Re:Wrong decision (Score:4, Insightful)
The members of the press should resign (Score:5, Insightful)
That is my guess. Scientifically they behaved fine, but the PR in the mainstream press might have been a bit uncomfortable.
The members of the mainstream press who blew things out of proportion and dumbed down the story so much and failed to emphasize that the real scientists were saying "we must have made a mistake" should resign.
:-)
The real scientist who sees something odd and shows it to colleagues to help him/her figure out what went wrong should not be punished when it turns out to be due to some basic mistake.

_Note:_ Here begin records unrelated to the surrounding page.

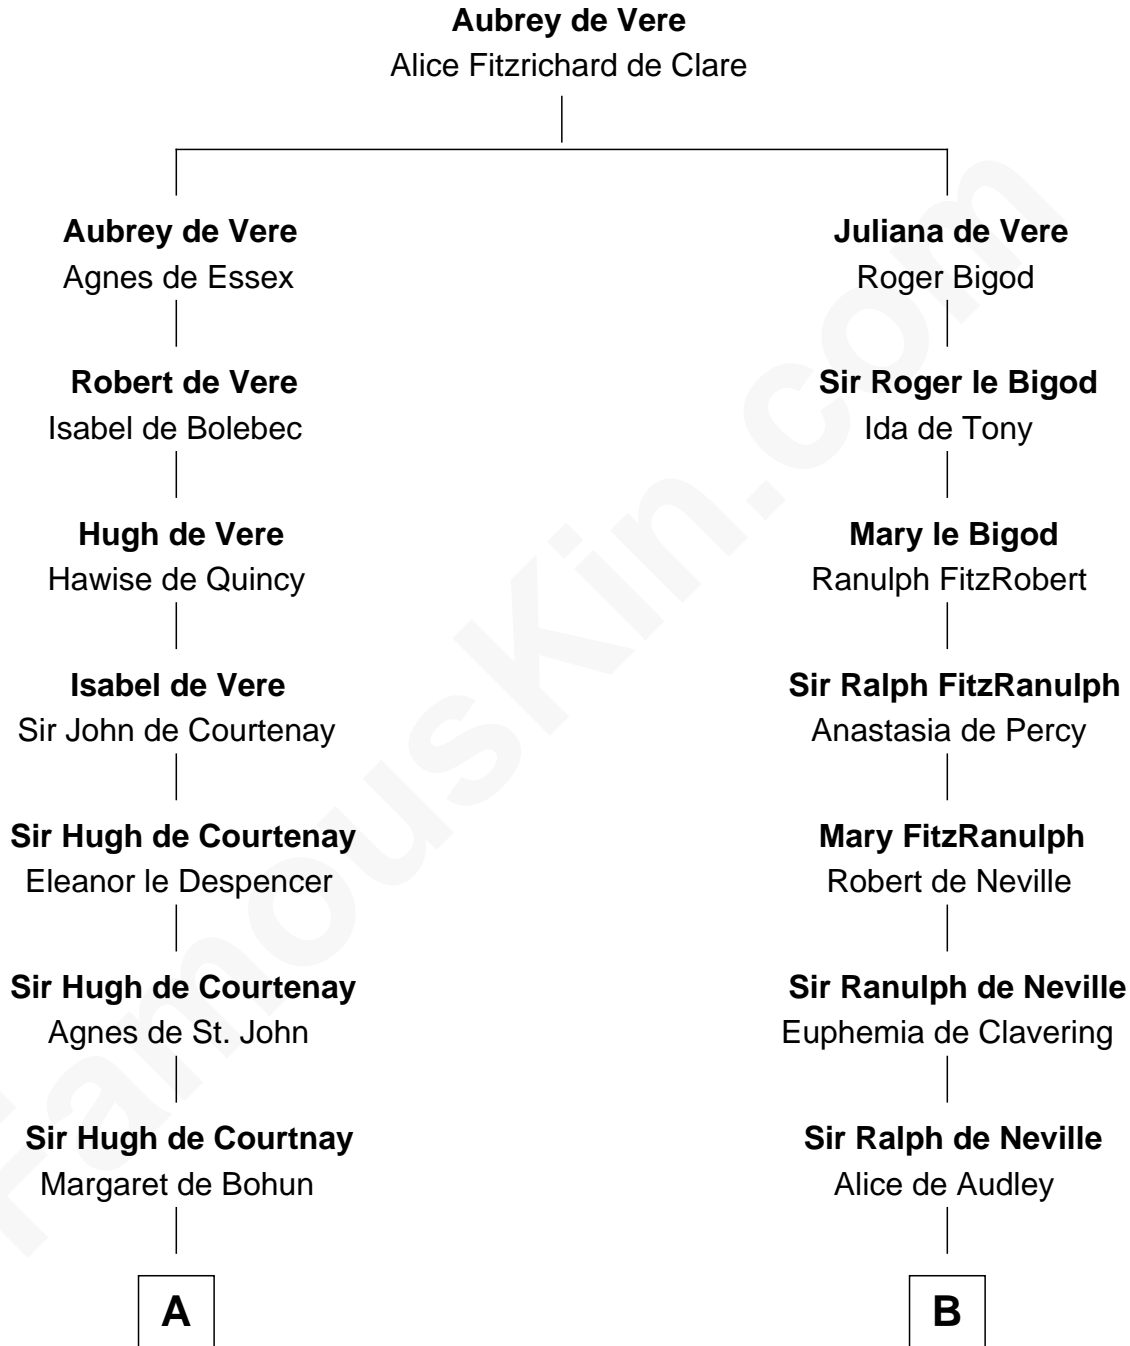

FamousKin.com Relationship Chart of

Ichabod Goodwin

27th Governor of New Hampshire

13th cousin 8 times removed of

Catherine Parr

6th Wife of King Henry VIII

C

—
John Gerrish

Elizabeth Waldron

—
Col. Timothy Gerrish

Sarah Elliot

—
Col. Joseph Gerrish

Anna Thompson

—
Anna Thompson Gerrish

Samuel Goodwin

—
Ichabod Goodwin

27th Governor of New Hampshire

FamousKin.com

Something like "I have odd data but I can't figure out what I did wrong" was the start of many scientific discoveries.
Creating an environment where scientists are reluctant to share odd results and get help finding mistakes will impede the progress of science.
However creating an environment where sensationalist journalists, or scientifically illiterate journalists who write articles regarding advanced scientific topics, are reluctant to publish their writing might be a good thing. Of course I might have made a mistake in my logic and I hope my slashdot colleagues can help me see my error.

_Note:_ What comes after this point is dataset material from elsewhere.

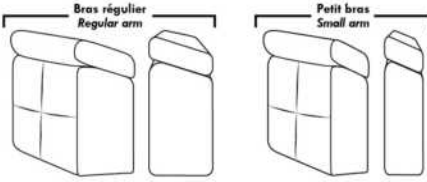

LONDON

OPTIMA

Re:That seems weird to me (Score:3, Insightful)
>>>All I can figure is that there were politics or other internal pressures.
ALL science is like this.
That's why it's good to question the results, rather than just accept them.

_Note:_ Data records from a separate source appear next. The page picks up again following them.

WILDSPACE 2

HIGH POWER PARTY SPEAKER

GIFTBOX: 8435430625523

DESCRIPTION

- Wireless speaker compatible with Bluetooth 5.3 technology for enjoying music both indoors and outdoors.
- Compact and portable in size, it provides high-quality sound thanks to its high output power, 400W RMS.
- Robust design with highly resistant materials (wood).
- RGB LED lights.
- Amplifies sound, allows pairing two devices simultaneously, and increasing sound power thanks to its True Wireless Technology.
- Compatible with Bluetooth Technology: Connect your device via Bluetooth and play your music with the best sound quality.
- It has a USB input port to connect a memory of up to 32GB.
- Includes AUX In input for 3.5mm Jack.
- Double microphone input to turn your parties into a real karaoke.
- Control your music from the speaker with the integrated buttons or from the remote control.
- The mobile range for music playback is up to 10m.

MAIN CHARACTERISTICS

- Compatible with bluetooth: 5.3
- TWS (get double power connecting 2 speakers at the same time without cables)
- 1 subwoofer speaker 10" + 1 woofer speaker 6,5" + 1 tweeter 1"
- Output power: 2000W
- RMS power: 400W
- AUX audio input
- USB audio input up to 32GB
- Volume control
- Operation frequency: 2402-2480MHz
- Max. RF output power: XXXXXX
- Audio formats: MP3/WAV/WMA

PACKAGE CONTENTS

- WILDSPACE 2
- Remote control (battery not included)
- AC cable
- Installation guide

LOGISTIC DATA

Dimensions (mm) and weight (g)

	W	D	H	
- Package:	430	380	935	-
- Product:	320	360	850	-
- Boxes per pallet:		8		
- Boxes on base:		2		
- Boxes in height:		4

Re:The members of the press should resign (Score:5, Insightful)
you did make a mistake... for some reason, you assume that society will choose to help the progress of science rather than continue to be "entertained" with sensationalistic journalism.
Re:The members of the press should resign (Score:5, Insightful)
You have misunderstood the relationship between scientists and the press. OPERA could have killed the sensationalism at the source, but instead they went along with it. It turns out that a lot of people in the project seem to think this is a bad idea. And they know it is not just the press' doing.
Scientists know how to publish uncertain or most-likely-wrong results without causing a media frenzy. You don't put up a press release and hold press conferences. You publish your paper, circulate it to others, present at conferences, put it on the preprint server. And if someone from the press asks about it you say that it is mostly likely wrong and they should work on something else until the problems are worked out. This doesn't get you much press, but scientists having glitches in their experiments is not news; it happens all the time.
Re:I don't want to say "I told you so," but .... (Score:5, Insightful)
The benefit goes beyond knowing what experiments don't work. Look at the FTL neutrino experiment for an example: now we know at least a few pitfalls of using GPS as an extremely accurate time source, and that is knowledge that is worth preserving for future generations.
The interesting knowledge isn't the fact that an experiment failed, but why it failed.